Грехи блудницы вздымаются до самого неба. И Бог помнит все её преступления.
Воздайте же ей так, как поступала она с вами, отплатите ей вдвойне за то, что она сделала. Приготовьте для неё вино вдвое крепче, чем то, которое она приготовляла для других. Сколько славилась она и роскошествовала, столько же мучений и горестей воздайте ей. Ибо и сейчас она продолжает говорить о себе: сижу царицей на престоле, я не вдова, чего мне бояться. В один день постигнут её всякие бедствия – великий голод, горькие рыдания, казнь. Сгорит она в огне, ибо могуч Господь Бог, судящий её.
И восплачут, и возрыдают о ней цари земные, блудодействовавшие с нею, когда увидят дым от огня, в котором она сгорит. Держась от Вавилона на расстоянии, ужасаясь её муками, они скажут: «Горе, горе тебе, великий город Вавилон! О город крепкий! В один час постигло тебя наказание!»
Восплачут и возрыдают о ней все торгаши мира, потому что без неё никто у них товаров больше не купит.
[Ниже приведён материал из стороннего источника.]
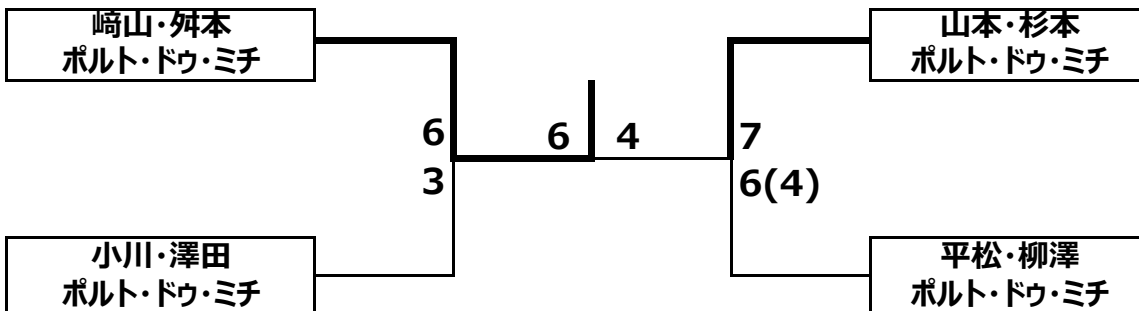

第35回城陽市民総合体育大会

男子ダブルスAクラス

決勝トナメント

優勝

崎山・舂本
ポルト・ドウ・ミチ

準優勝

山本・杉本
ポルト・ドウ・ミチ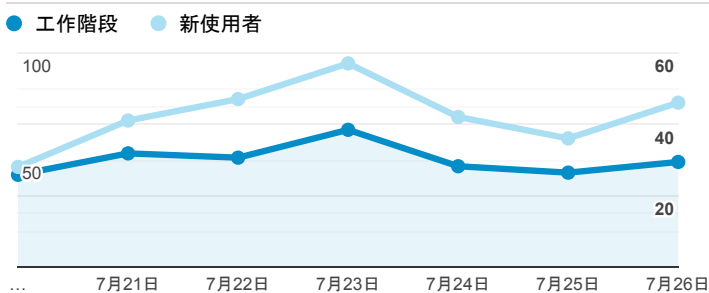

報表01_訪客

2020年7月20日 - 2020年7月26日

○ 所有使用者
100.00% 個工作階段

平均造訪停留時間和單次造訪頁數

跳出率和平均造訪停留時間

造訪和不重複訪客

造訪和新造訪

造訪 (依裝置類別分組)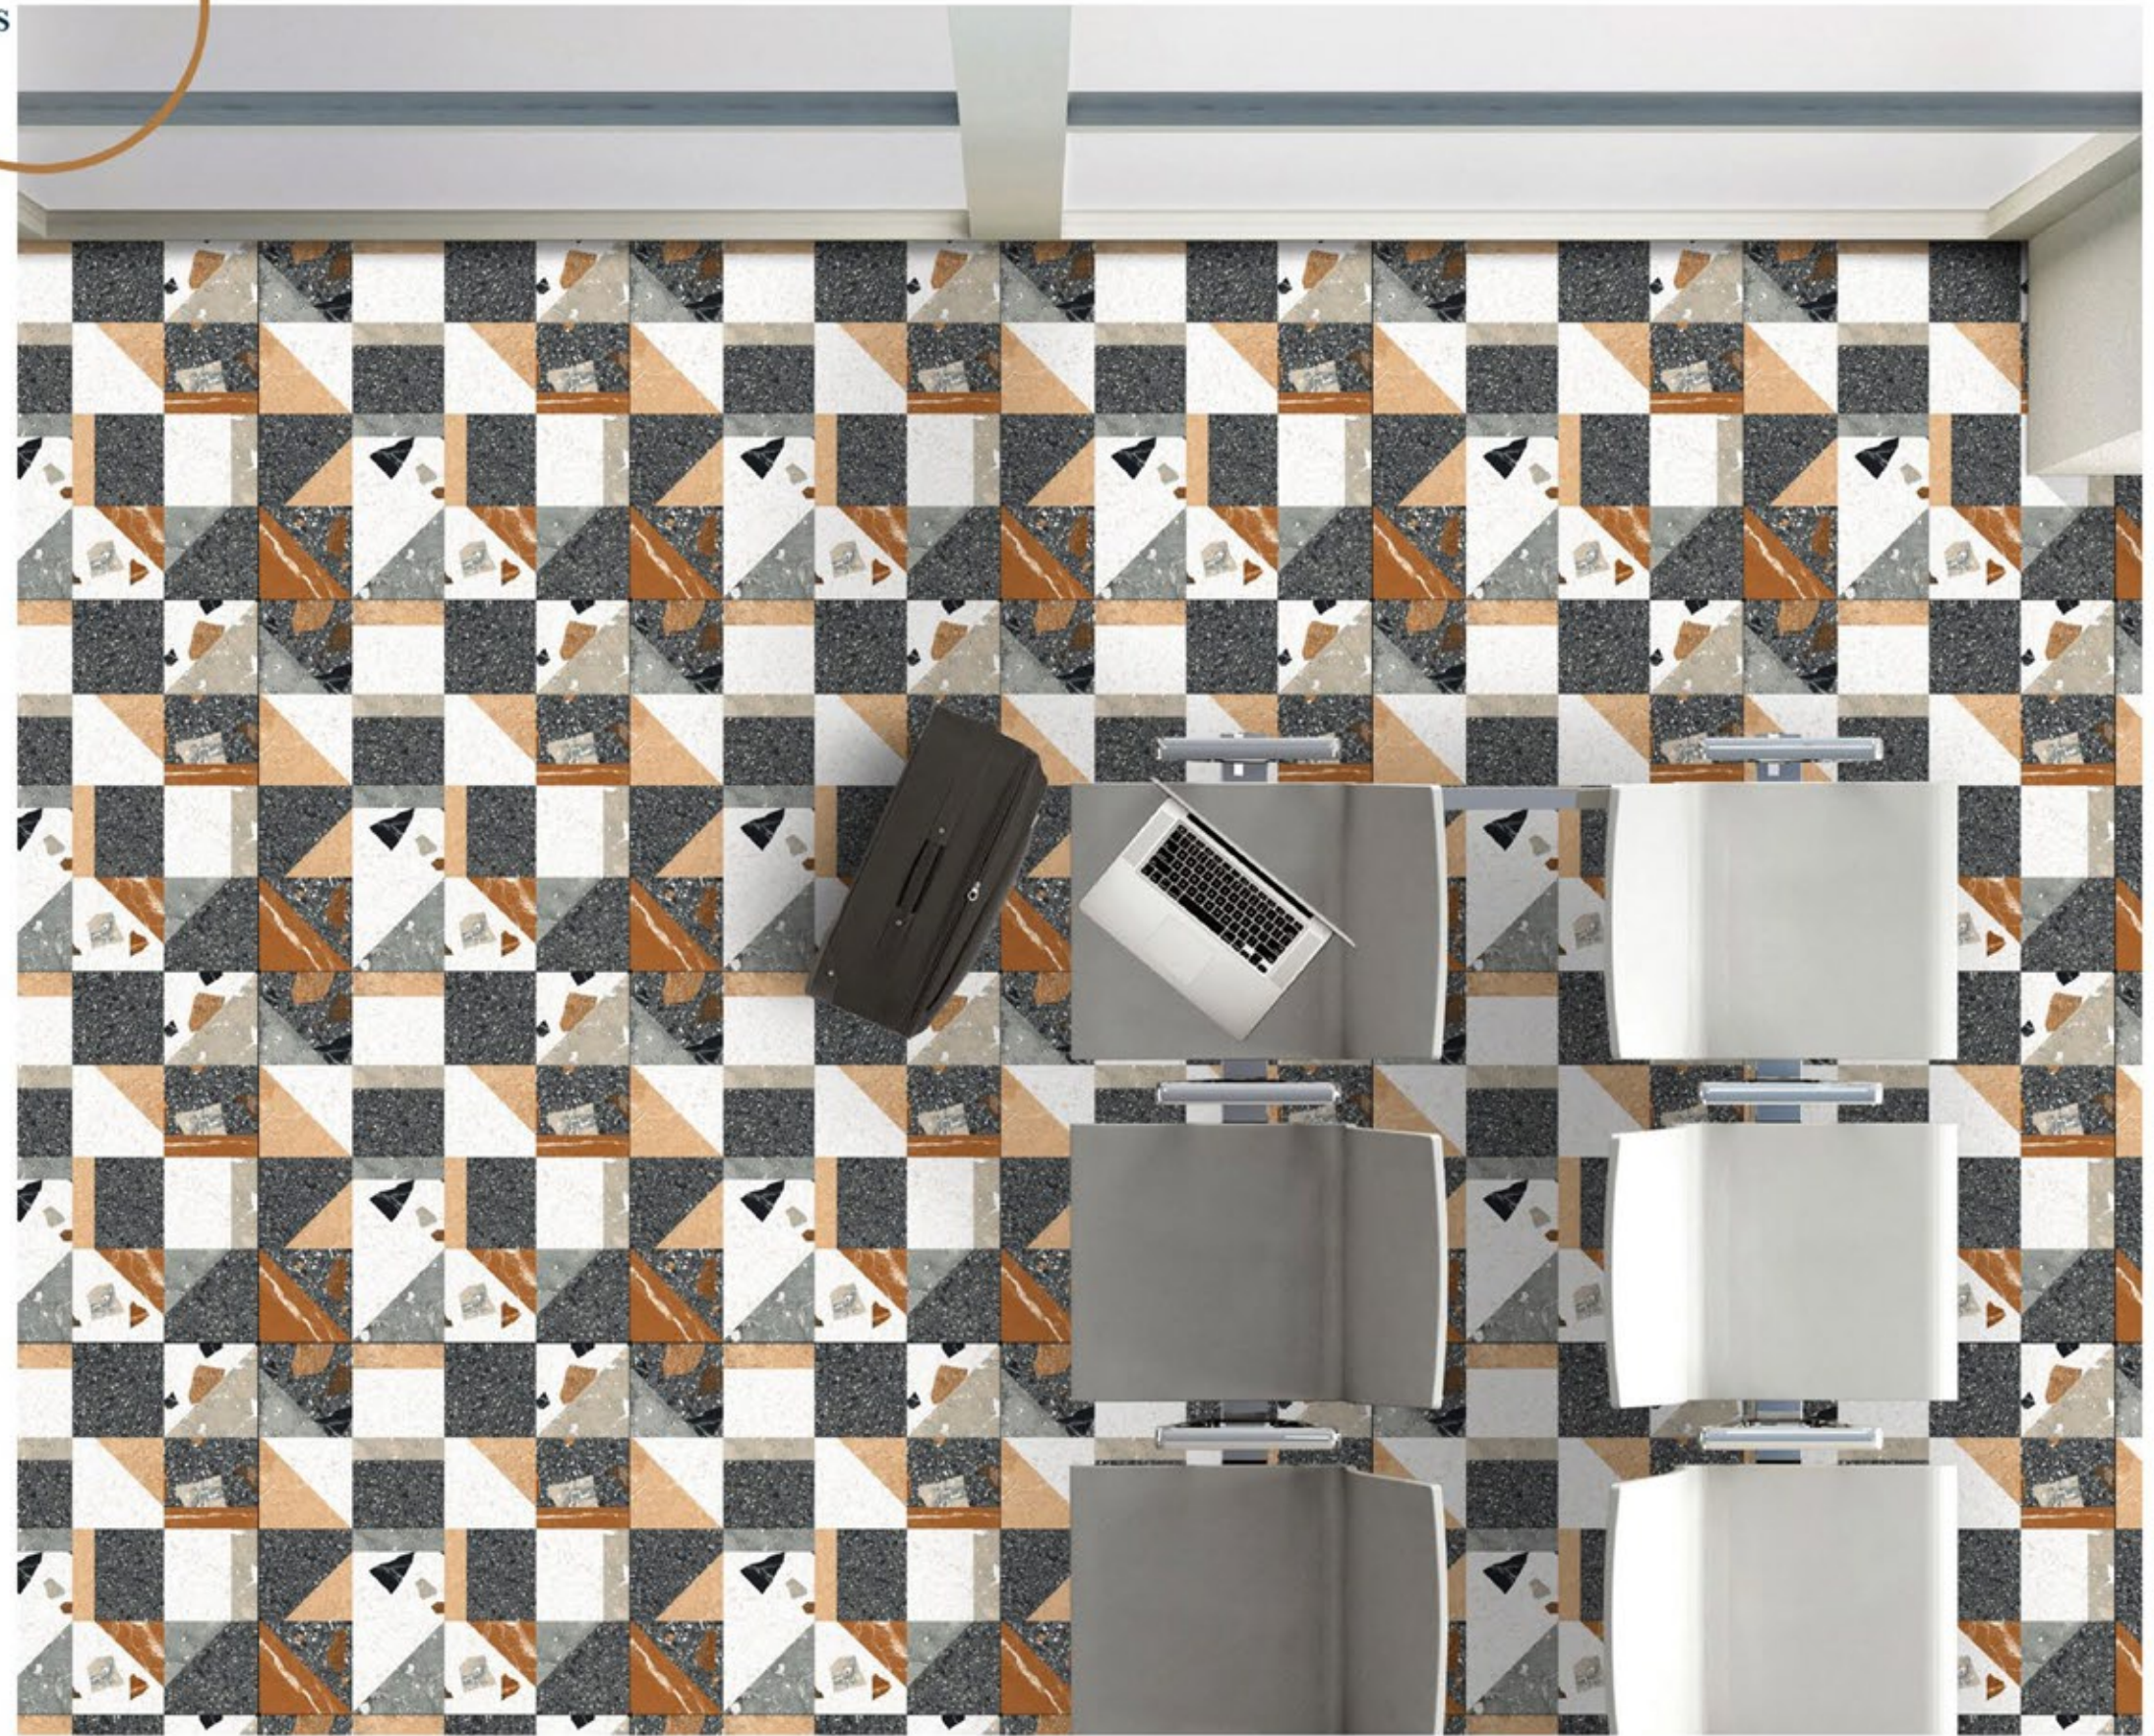

**600X600 MM**

**JURA GREY**

**PORCELINE TILES**

**600X600 MM**

**MIKADO CHEX**

**PORCELINE TILES**

**600X600 MM**

**MOSAIC CHIPS WHITE**

Товаров золотых и серебряных, камней драгоценных и жемчугов и виссона (полотна), и шёлка, и багряницы (красных тканей), и всякого благовонного дерева и всяческих изделий из слоновой кости, и дорогих пород дерева и меди, и железа, и мрамора.
И ни корицы и фимиама, ни мирра, ни ладана, ни елея, ни муки и пшеницы, ни скота, ни овец, ни коней, ни колесниц, ни тела, ни души человеческих.
А ни плодов, угодных душе твоей, не стало у тебя, и всё тучное и блистательное покинуло тебя. И уже никогда тебе не обрести их.
Торговцы всем этим, обогатившиеся благодаря блуднице, будут стоять в отдалении, страшась её мук, плача и рыдая, говоря: «Горе, горе тебе, великий город, одетый в виссон и порфиру, и багрянец, украшенный золотом и драгоценными каменьями и жемчугом. В один час погибло такое богатство!»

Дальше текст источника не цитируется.